The precise reason why foil obtained by a vacuum evaporation process wherein the substrate is maintained above the minimum substrate temperature has desired ductility is not altogether understood. It is generally believed, but it is not intended that the present invention be limited thereto, that metals and alloys vaporized from the surface of a melt and deposited on a substrate have several lattice stages, depending on the temperature of the surface upon which they are deposited, in which the arrangement of atoms within the lattice is slightly different. It is thought that at substrate temperatures below the described minimum substrate temperature the lattice structure of the deposited metal is strained to some degree, thereby causing the foil to be brittle. This may be readily demonstrated by vaporizing and depositing a metal on the surface of a substrate maintained at a temperature below the desired minimum of 25 percent of the melting point of the coating material. In such instances, the foil may be difiicult to remove from the surface of the substrate and, in many instances, disintegrates or flakes apart upon removal. If the foil is such that it can be removed from the substrate in the form of a sheet, the sheet will fracture or break when folded over and creased once or twice.

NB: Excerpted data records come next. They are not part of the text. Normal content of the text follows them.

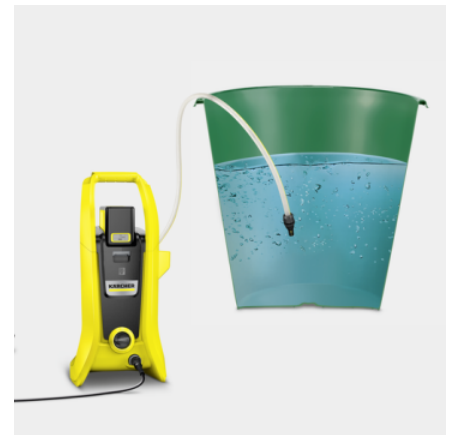

K2 BATTERY ΣΕΤ

Πλυστικό μηχάνημα μπαταρίας, ιδανικό για εφαρμογές χωρίς να απαιτείται σύνδεση στο ηλεκτρικό ρεύμα. Το πλυστικό μηχάνημα υψηλής πίεσης K 2 Battery που περιλαμβάνει και λειτουργεί με μπαταρία ιόντων λιθίου 36V / 5.0Ah και φορτιστή μπαταρίας. Ιδανικό για μια ευρεία γκάμα οικιακών εφαρμογών. Η μπαταρία είναι συμβατή με όλες τις συσκευές στην πλατφόρμα μπαταριών 36V της Kärcher.

Εξοπλισμός

Παραλλαγή	Περιλαμβάνεται μπαταρία και φορτιστής
Μπαταρία	Μπαταρία 36 V/5,0 Ah Battery Power (1 τμχ.)
Φορτιστής	Βασικός φορτιστής 36 V Battery Power (1 τμχ.)
Πιστόλι ψεκασμού υψηλής πίεσης	G 120 Q Boost
Κάνη ψεκασμού μονής κατεύθυνσης	■
Τούρμπο μπεκ	■
Εύκαμπτος σωλήνας υψηλής πίεσης	m 4
Ταχυσύνδεσμος ενσωματωμένος στο μηχάνημα	■
Εφαρμογή χημικού με	Σωλήνας αναρρόφησης
Ενσωματωμένο φίλτρο νερού λεπτου πλέγματος	■
Αντάπτορας για μάνικα κήπου A3/4"	■

■ Περιλαμβάνεται στη συσκευασία

Μπαταρία της πλατφόρμας 36 V Battery Power

- Τεχνολογία πραγματικού χρόνου (Real Time) για τη λειτουργία οθόνης LCD στην μπαταρία με τις ακόλουθες ενδείξεις: υπολειπόμενος χρόνος λειτουργίας, υπολειπόμενος χρόνος φόρτισης και χωρητικότητα μπαταρίας.
- Συμβατότητα με όλες τις συσκευές της πλατφόρμας 36 V Battery Power.
- Μεγάλη και ισχυρή χάρη στα κύτταρα ιόντων λιθίου.

Πιστόλι υψηλής πίεσης με οθόνη ένδειξης του επιπέδου πίεσης

- Η σειρά από διαφορετικές κάνες ψεκασμού παρέχει τρία διαφορετικά επίπεδα πίεσης για βέλπιστα αποτελέσματα κατά τον καθαρισμό διαφορετικών επιφανειών.
- Η οθόνη στο πιστόλι υψηλής πίεσης καθιστά εύκολο τον έλεγχο του επιλεγμένου επιπέδου πίεσης.

Such a foil has but limited utility and is not sufficiently ductile for most uses.

However, in accordance with the present invention, when the substrate is maintained at a minimum temperature falling Within the range of 25 percent and 50 percent of the melting point of the coating material in degrees Kelvin, or higher, the lattice structure of the deposited metal is believed to be more stable than the lattice structure of the metal deposited at lower temperatures and a ductile foil may be readily obtained.

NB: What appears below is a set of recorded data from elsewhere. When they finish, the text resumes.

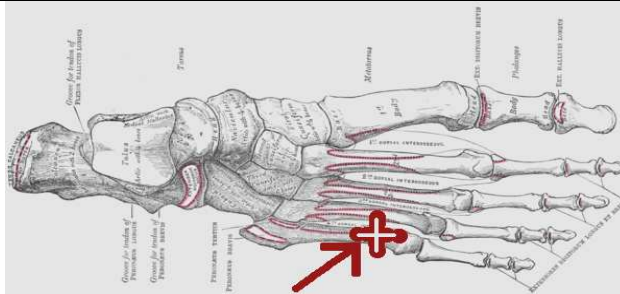

IL SONDAGGIO DELLA SETTIMANA

Quale pensi che sia il modulo di gioco ideale per il Real?

- 5-5-5 stile Oronzo Canà 11%
- 4-4-2 "Classico" 7%
- **4-3-3 "Zemaniano" 37%**
- 5-4-1 "Catenaccio" 3%
- Basta che Tolfa giochi 14%
- Basta che Tolfa non giochi 3%
- "Alternativo": Luca Geppi in porta e Flavio e Giampiero coppia d'attacco 25%

GALLERIA FOTOGRAFICA

Dopo l'esodo in massa da Colli Aniene Alessandro è rimasto l'*Higlander* della zona

Il referto della radiografia del piede "magico e felpato" di Emiliano Tolfa parla di rottura del Metatarso....tifosi non tremate, i medici del lo Real lo recupererà in 40 giorni
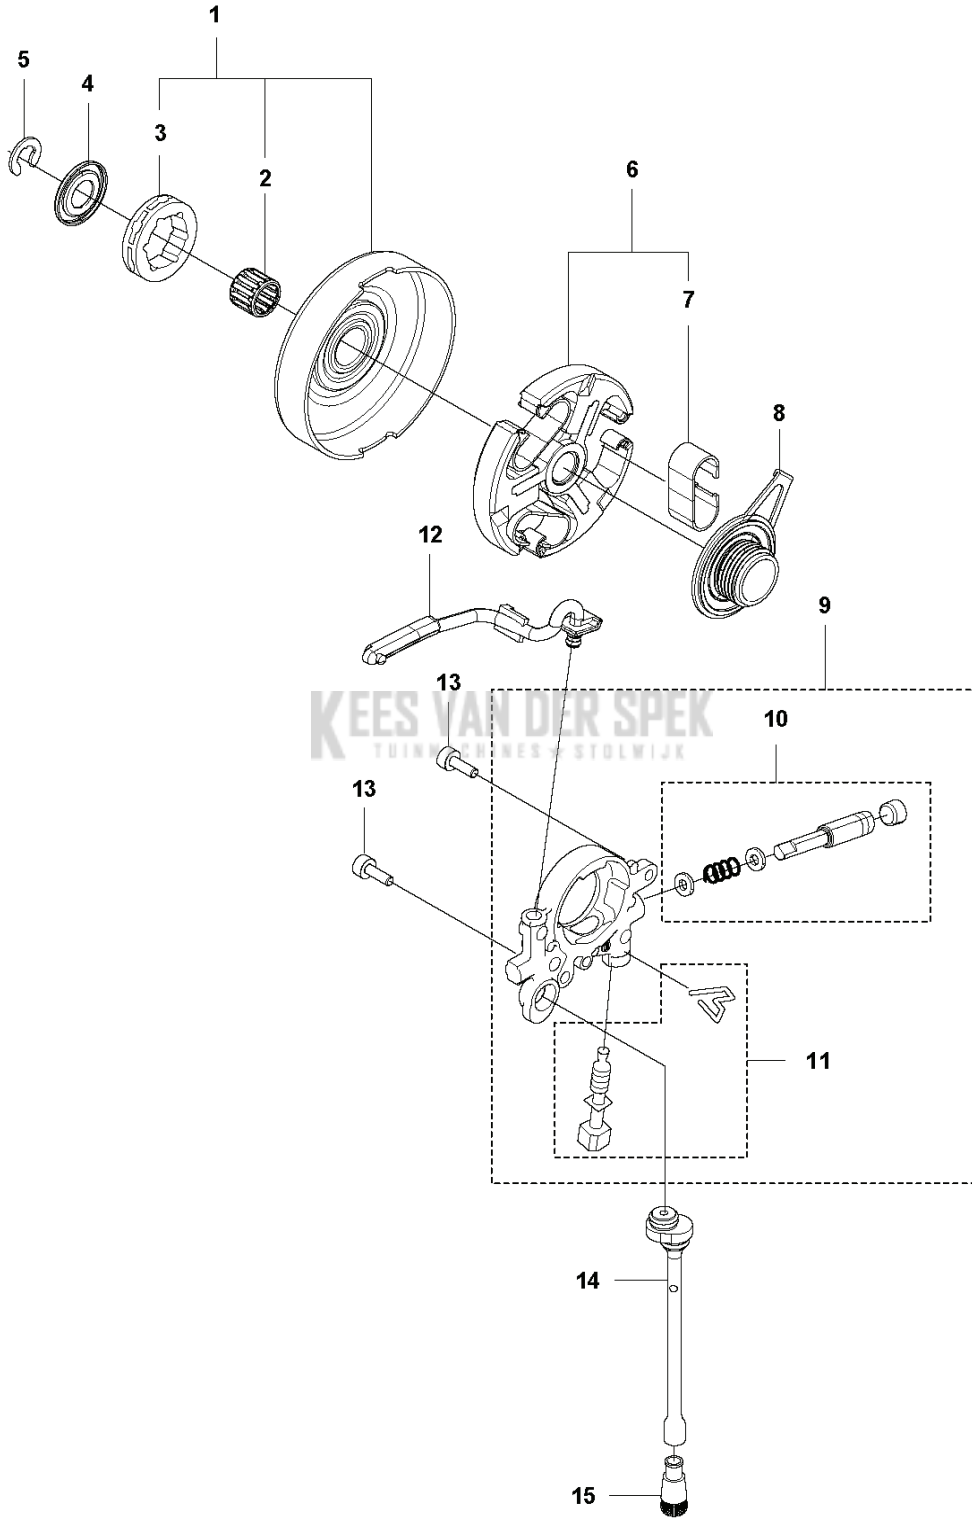

SPARE PARTS CATALOGUE
: HUSQVARNA 585

KEES VAN DER SPEK
TUINMACHINES ★ STOLWIJK

Spare Parts List

SPARE PARTS LIST

P 585
STARTER

PXM_REF	PXM_PARTNO	DESCRIPTION	PXM_REMARK	QTY.
1	593245201	KOELLUCHTGELEIDER		1
2	503432902	STARTKOORD		1
3	576356601	SCREW ITXST		1
4	593245101	KOORDSCHIJF		1
5	525887401	SCREW CITXPANT		2
6	593244801	VEERCASSETTE COMPL.		1
7	525824501	SCHROEF CITXPANMO		4
8	537283201	HULS		1
9	537232501	STARHANDVAT		1
10	598781201	STARTER COMPL.		1
11	599333501	PLAATJE	585	1

Q 585
CRANKCASE SHORTBLOCK

1

PXM_REF	PXM_PARTNO	DESCRIPTION	PXM_REMARK	QTY.
1	597010902	SHORT BLOCK ASSY		1

KEES VAN DER SPEK
TUINMACHINES ★ STOLWIJK

C 585
CLUTCH & OIL PUMP

PXM_REF	PXM_PARTNO	DESCRIPTION	PXM_REMARK	QTY.
1	598878501	KOPPELINGSTROMMEL COMPL.		1
2	503432001	NAALDHOUDER		1
3	501598002	RIM		1
4	503752401	RING		1
5	503272101	E-CLIP		1
6	599231002	KOPPELING COMPL.		1
7	503975102	KOPPELINGSVEER		3
8	582270105	POMP RONDEL		1
9	589028404	OLIEPOMP COMPL.	GREY	1
10	590119702	POMPZUIGER		1
11	590120101	OLIEPOMP		1
12	576987401	OLIEDRUKSLANG		1
13	526818102	SCHROEF ITXSCM		2
14	588404702	OLIESLANG		1
15	501544102	OLIEZEEF		1
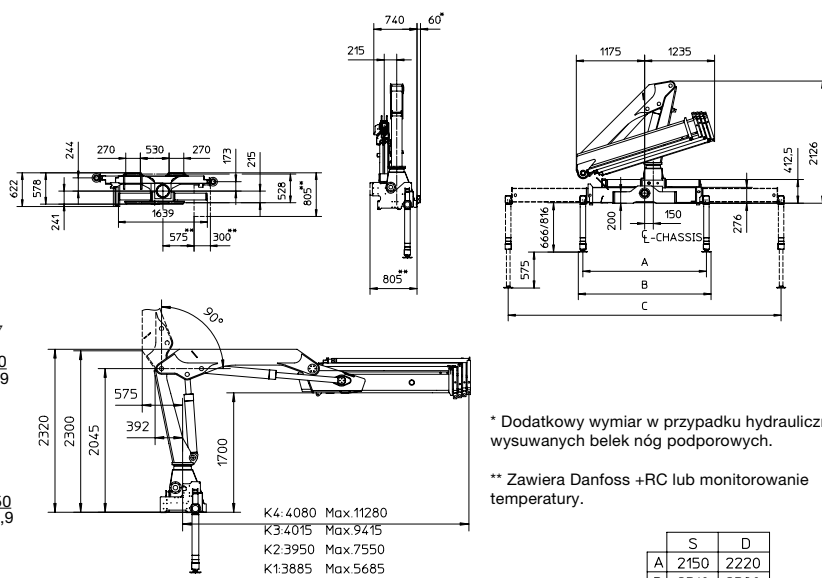

# 1075-K

- power to lift.

## HMF serii 1075-K w klasie 10 tm

- HMF 1075-K jest żurawiem sterowanym radiowo wyposażonym w system HDL, który znacząco zwiększa udźwig żurawia.
- HMF 1075-K jest wszechstronnym żurawiem o dużym udźwigu bez zwiększania masy żurawia.
- Bezstopniowe przejście w tryb HDL zapewnia jednostajną pracę przy pełnym obciążeniu
- Elastyczne narzędzie pracy do zastosowań z hakiem, lub w opcji z zaworami do pracy z akcesoriami hydraulicznymi, tj. rotator, chwytak, lub wciągarka, co daje operatorowi bardzo wszechstronne i przyjazne narzędzie pracy
- System regeneracji oleju we wszystkich siłownikach wysuwu, zwiększający prędkość pracy modułu wysięgników hydraulicznych
- W standardzie dostępny z przyjaznym użytkownikowi systemem bezpieczeństwa RCL
- Może być wyposażony w systemy bezpieczeństwa LMB lub EVS, pozwalające operatorowi na pracę w skrajnych warunkach, cały czas zapewniając stabilność pojazdu
- Żuraw dostępny z opcjami: platforma, wciągarka, czujnik wysokości, monitorowanie temperatury oleju

### 1075-K1 1075-K2 1075-K3 1075-K4

Moment udźwigu	tm	9.3	9.1	8.8	8.3
Zasięg hydrauliczny	m	5.7	7.6	9.4	11.3
Moment obrotowy	kgm	1390	1390	1390	1390
Kąt obrotu	°	400	400	400	400
Wysokość ponad ramę	mm	2130	2130	2130	2130
Szerokość, złożony	mm	2350	2350	2350	2470
Długość żurawia, bez dod. zaworów	mm	680	680	680	680
Długość żurawia, z dod. zaworami	mm	740	740	740	740
Rozstaw nóg podporowych, standard	mm	4650	4650	4650	4650
Rozstaw nóg podporowych, podwójny wysuw	mm	5750	5750	5750	5750
Waga, bez nóg podporowych	kg	1050	1140	1230	1310
Waga nóg podporowych, standard	kg	173	173	173	173
Ciśnienie pracy	MPa	33	33	33	33
Wydajność pompy	l/min	35	35	25	25
Pojemność oddzielnego zbiornika oleju	l	42	42	42	42
Pobór mocy	kW	18	18	13	13

A dense ductile copper foil may be obtained utilizing a minimum substrate temperature of about 25 percent of the melting point of copper in degrees Kelvin, while dense ductile aluminum foil may be obtained at a minimum substrate temperature of about 45 percent of the melting point of aluminum in degrees Kelvin. At the present time, it is not understood why ductile copper foil may be obtained at substrate temperatures as low as about 25 percent of the melting point of copper in degrees Kelvin, whereas aluminum should be condensed at a substrate temperature of at least about 45 percent of the melting point of aluminum in degree Kelvin in order to obtain a ductile aluminum foil. There does not appear to be any correlation between the boiling point, melting point, or molecular structure of the various metals and the minimum substrate temperature necessary to obtain ductile foil. With the exception of copper and aluminum and their alloys, ductile foils of substantially all remaining metals and alloys may be obtained at a minimum substrate temperature within the range of between about 30 percent and about 40 percent of the melting point of the metal in degrees Kelvin.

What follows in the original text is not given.